Мефодий посмотрел на меня с победной усмешкой и посоветовал:
— Никогда не спорь с бабами, потомок! Они нисколько не изменились.
— Не буду, — серьезно пообещал я. Было ясно, что Мефодий не решается приступить к тому, что он считает главным, вот и разыгрывает эту интермедию. Для разгона.
— Что открыл Колумб? — спросил он вдруг.
— Насчет баб? — уточнил я. Мне показалось, что это — либо еще одна интермедия, либо продолжение старой.
— Насчет баб никто никогда ничего нового не открывал — открытия Адама в этой области фундаментальны и исчерпывающи. Забудь о бабах. На время, конечно… Так что открыл Колумб?
— Америку. — Я улыбнулся.
— Точно?
— Куда уж точнее.
— Молодец, пять! А что он открывал?
— Колумб? Америку.
— Двойка! Он открывал западный путь в Индию — а открыл Америку. Этот континент лежал на полпути к заявленной цели и положил предел плаванью. Правда, сам Колумб этого не знал. И умер, полагая, что проложил западный путь в Индию. Открытые им острова до сих пор так и называются: Вест-Индия. По крайней мере, в двадцать первом веке они назывались так.
— Вест-индская впадина… — пробормотал я. — Ну и что?
— Ну и все. Асимптота пересекала путь к заявленной цели. Во времена Колумба Пределом был Американский континент.
— Это аналогия? — спросил я.
— Их масса! — объявил Мефодий. И стал загибать пальцы: — Цель — Индия; асимптота — Америка. Цель — мировое владычество; асимптота — противостояние сверхдержав. Цель — коммунизм; асимптота — тоталитарный режим. Цели праведность; асимптота — грех гордыни…
— Цель — колонизация Марса; асимптота — Марьин Овраг, — добавил я.
— Способный мальчик, — похвалил Мефодий. — На лету схватываешь… А вывод?
— Осип Нилович — дурак; дядя Бен — гений.

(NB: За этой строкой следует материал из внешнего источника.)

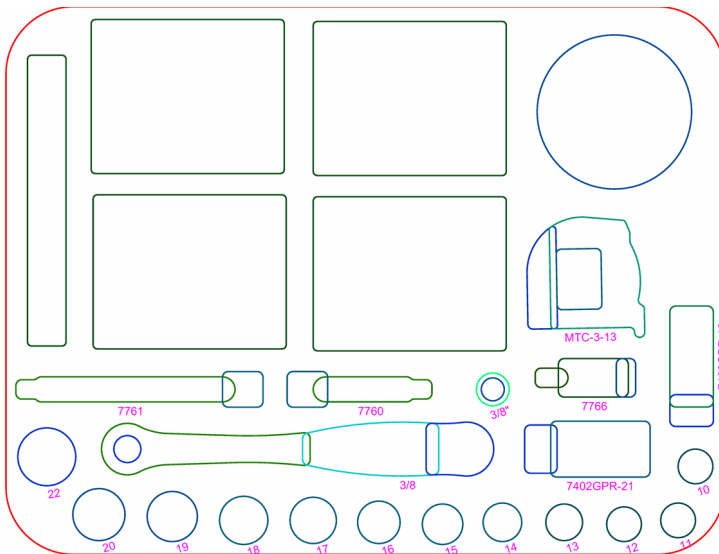

FOAM #2 - CUSTOMIZED (166642)

Dimension: 374x285x35mm (Height limit: 35mm)

Quantity: 1

TOOLS IN FOAM:

- **1x 7400SM-10 - 3/8" Square Drive Socket with 10 mm Hex Profile**
- **1x 7400SM-11 - 3/8" Square Drive Socket with 11 mm Hex Profile**
- **1x 7400SM-12 - 3/8" Square Drive Socket with 12 mm Hex Profile**
- **1x 7400SM-13 - 3/8" Square Drive Socket with 13 mm Hex Profile**
- **1x 7400SM-14 - 3/8" Square Drive Socket with 14 mm Hex Profile**
- **1x 7400SM-15 - 3/8" Square Drive Socket with 15 mm Hex Profile**
- **1x 7400SM-16 - 3/8" Square Drive Socket with 16 mm Hex Profile**
- **1x 7400SM-17 - 3/8" Square Drive Socket with 17 mm Hex Profile**
- **1x 7400SM-18 - 3/8" Square Drive Socket with 18 mm Hex Profile**
- **1x 7400SM-19 - 3/8" Square Drive Socket with 19 mm Hex Profile**
- **1x 7400SM-20 - 3/8" Square Drive Socket with 20 mm Hex Profile**
- **1x 7400SM-22 - 3/8" Square Drive Socket with 22 mm Hex Profile**
- **1x 7402GPR-16 - 3/8" Square Drive Spark Plug Socket, 16 mm**
- **1x 7402GPR-21 - 3/8" Square Drive Spark Plug Socket, 21 mm**
- **1x 7750RN - 3/8" Round Head Reversible Ratchet with 72 Teeth and 5° Action Angle 202 mm**
- **1x 7760 - 3/8" Square Drive Extension Bar 75 mm**
- **1x 7761 - 3/8" Square Drive Extension Bar 127 mm**
- **1x 7766 - 3/8" Square Drive Universal Joint 51.5 mm**

— Не смешно… — Мефодий поморщился. — Я же сказал: тебя это лично касается. Ты домой хочешь? В свой медвежий купол? Который, кстати, не что иное, как асимптота покорения природы?
— Хочу.
— Значит, ты никогда не вернешься домой.
— Упрусь в асимптоту? Пожалуй, тебе действительно хватит… Насколько я понял, Историческая Предопределенность не распространяется на отдельных…
— Забудь этот бред — он слишком логичен для истины! Романтики интуитивно правы: цель должна быть недостижимой. Только не потому, что так интереснее, а потому, что достижимые цели приводят в тупик. Двести лет в захлопнутой Вселенной!.. Как тараканы в кастрюльке. Даже не пытаетесь приподнять крышку, однажды доказав себе, что это невозможно… А, ч-черт. Дарья!
— Ай? — откликнулась Дашка.
— Перестань издеваться. У нас серьезный разговор — а мы трезвы, как… Ну, по капле, а?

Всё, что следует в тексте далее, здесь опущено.